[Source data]
┏━━

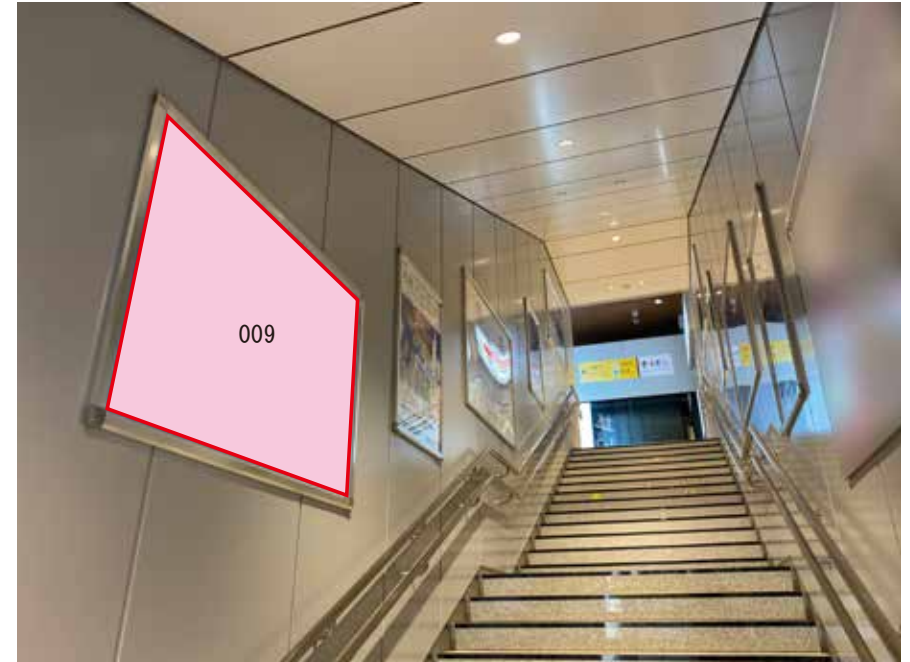

飯田橋駅 西口 サインボード (0414-06-009)

媒体番号	駅	場所	サイズ(H×W)	面数	月額定価	電気料金	点灯	返還日
0414-06-009	飯田橋	西口	1.03 × 1.45	1	40,000円	—	—	2023/09/30

※業種によっては規制がある場合がございますので、事前にご相談ください。
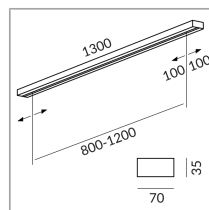

BRUCK.

MAXIMUM LV pour luminaires LED basse tension

MAXIMUM 1300-2 LV

240132ch
Prix 679,00 € TVA incluse

Variant

MAXIMUM 1100-2 LV ▼

Spécification

240132ch
chrome
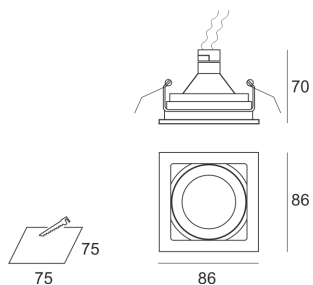

KUBGO BIAŁY

- IP: 20
- Color temperature:
- Luminous flux: lm

Name	Code	Colour	Voltage supply	Luminaire wattage	Light source type	Handle
KUBGO BIAŁY	1201111	white	12V	max 50W	QR-CBC51	GU5,3

┗━━

Scan the data above and copy every line with "MAXIMUM" in it.

MAXIMUM LV pour luminaires LED basse tension
MAXIMUM 1300-2 LV
MAXIMUM 1100-2 LV ▼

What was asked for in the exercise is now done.